# Snick



## doodle (Aug 6, 2008)

I know I haven't posted here much in awhile, but some of you know my bunnies and me, so I wanted to let you know....

Snick passed away in the wee hours of this morning. She had stopped eating, and I thought she had a gassy belly because I had given her kale, which was a new veggie for her. Of course, the vets were closed, and no ER vets around here treat rabbits, so I was treating her for gas and/or stasis. But she went downhill too fast and then started to stagger around and convulse, and she was gone. She was only 3 years old. 

Snick came to live with me a little over a year ago after my parents moved and didn't have a place to keep her. She was a little miss grump and bit me a lot at first, but after settling in, she became my sweetheart and loved to be petted and snuggled. She is also the one who got Muff & Tumble (my other two bunnies) to get along after I had spent 2 years trying to bond them. When Snick took over, they all 3 bonded like glue. They showed her what it is to run and play, and she popped some of the silliest-looking binkies you ever saw. 

Binky free, my sweet Snicky. I will miss you so much.


----------



## tonyshuman (Aug 6, 2008)

I don't know your bunnies, but Snick's story is wonderful. It really warmed my heart. I'm so glad she got to spend time with you, Muff, and Tumble. She learned that you can trust humans and how to be happy, and that is the greatest gift you can give a pet. I hope you all are doing ok. Binky free, Snick!
:rainbow:


----------



## cheryl (Aug 6, 2008)

Aww i'm so very sorry for your loss of Snick...

what a gorgeous black beauty she was

Rest in peace little one

~Cheryl


----------



## JimD (Aug 7, 2008)

i'm so sorry that this sad news brings you back to us 

...binky free Snick

ray::rainbow:

keeping you both in our thoughts and prayers.

- Jim


----------



## slavetoabunny (Aug 7, 2008)

Kim, I'm so sorry you lost Snick. She was such a sweet, beatiful bunny and I'm glad she was able to receive lots of love from you. How are Muff and Tumble doing?

:rip:Snick


Edited to add: We miss you Kim!!!!


----------



## drunkenbunnyhugger (Aug 7, 2008)

I am so sad to be reading this. I am so sorry hun. Snicky was a gorgeous bun and I'm so glad she was able to live out her last year with you. 
Please keep us updated on how Muff and Tumble are doing!! 

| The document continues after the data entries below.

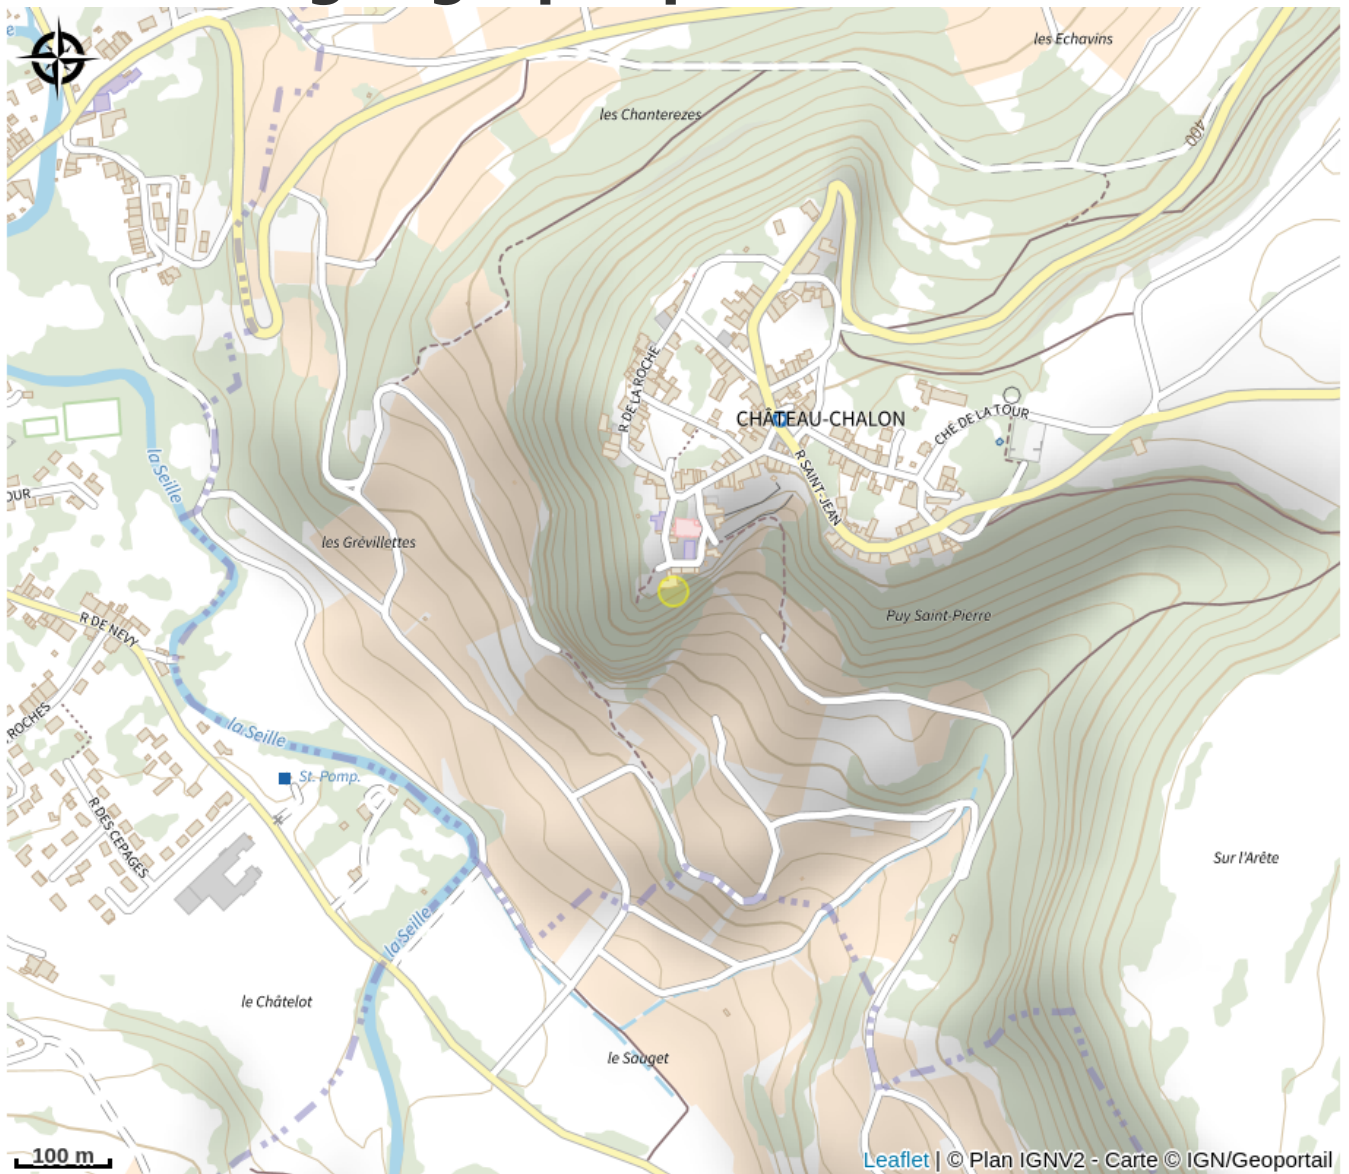

Belvédère de la rochette à château-chalon

Bresse Haute-Seille

Crédit photo : BELVÉDÈRE DE LA ROCHETTE À CHÂTEAU-CHALON_1 (BELVÉDÈRE DE LA ROCHETTE À CHÂTEAU-CHALON)

Infos pratiques

Catégorie : Sites Naturels

Situation géographique

Toutes les infos pratiques

Contact

Adresse :

39210 CHATEAU-CHALON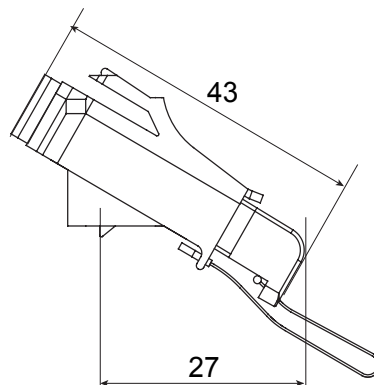

Catégorie	Adaptateur à fibre optique angulaire	Matière	Corps en plastique avec manchon d'alignement en céramique
Couleur	Vert RAL 6018	Caractéristiques	Unidirectionnel, monomode
Pour connecteurs	SC/APC	Type	Femelle/Femelle
Compatibilité	Keystone Jack	Inclinaison angle	40°
Fournitures	Avec capuchon de sécurité et cordon immanquable		

DIMENSIONS

NORMES ET HOMOLOGATIONS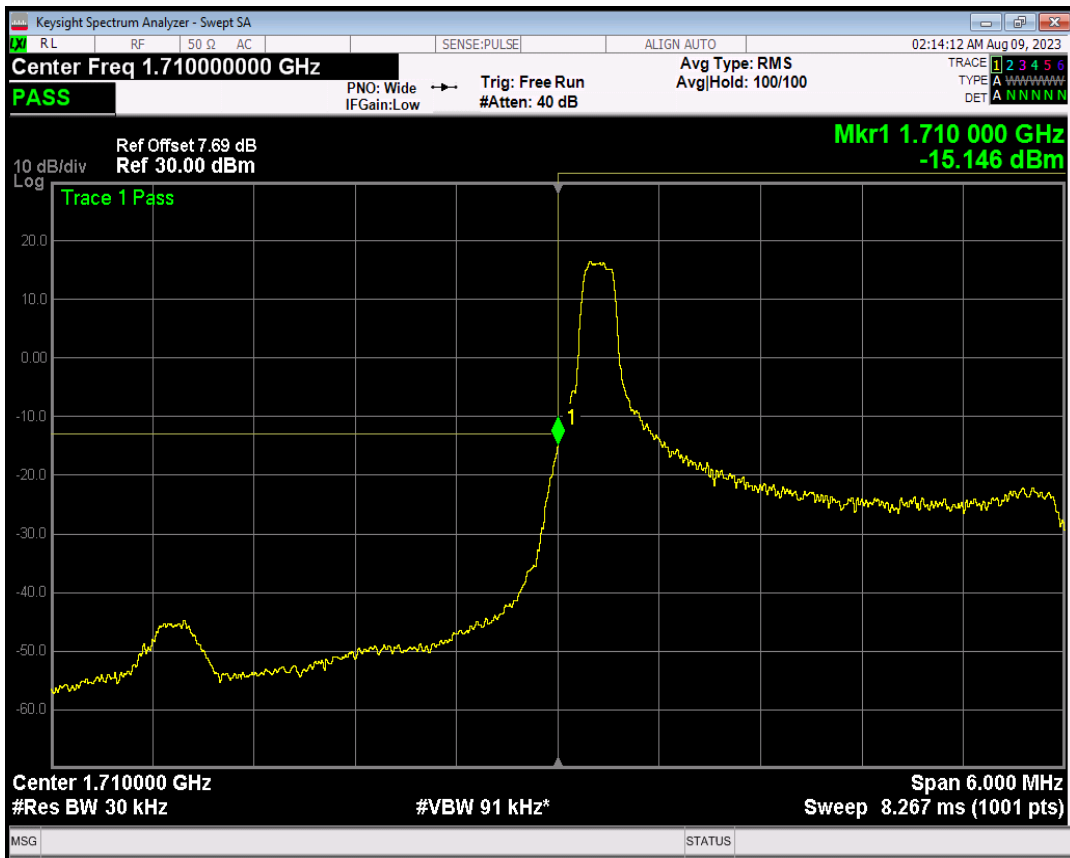

Band66 QPSK BW=3MHz Channel=131987 RB Size=1 Position=#0

Band66 QPSK BW=3MHz Channel=131987 RB Size=1 Position=#Max

and please, feel free to PM, email, myspace, whatever if you need to talk. 
:hug:


----------



## angieang21 (Aug 7, 2008)

:bigtears:Kim...I am so sorry to hear you loss Snick. She had a wonderful life while with you and I know she enjoyed the company of Muff & Tumble. She was a beautiful bunny.

(((hugs))))


----------



## doodle (Aug 7, 2008)

Thanks guys, I do need to come around here more. I miss you too. Tara, I deleted my Myspace, but I'm on Facebook. 

Muff and Tumble seem to be doing fine. I'm sure they miss Snicky too, but I'm so glad they still have each other. 

It still feels surreal to me. When I go to the condo to let them out, I just can't believe Snicky isn't there to greet me with her big, round eyes and her flat little nose.


----------



## seniorcats (Aug 7, 2008)

I am so sorry you lost Snicky. WHat a gorgeous bunny. Binky free little one.


----------



## pumpkinandwhiskersmom (Aug 8, 2008)

I'm so sorry for your loss. :bigtears:


Rest in the arms of the angels, Snick!

:angelandbunny:


----------



## weedflemishgiants (Aug 9, 2008)

Oh so sad. She was such a pretty little bunn.ink iris:


----------



## Snuggys Mom (Aug 14, 2008)

Oh, Kim, I'm so sorry.

Cooper and his sister are together again at the bridge. 

:bigtears:


----------



## JadeIcing (Aug 16, 2008)

*Snuggys Mom wrote: *


> Oh, Kim, I'm so sorry.
> 
> Cooper and his sister are together again at the bridge.
> 
> :bigtears:


I thought that was who it was! I am so sorry. I remember falling this story.


----------



## Jenk (Aug 16, 2008)

:tears2: She was (and always will be) beautiful. You showed her patience and love, which she clearly needed in order to trust. 

Binky freely, sweet girl.

Jenk


----------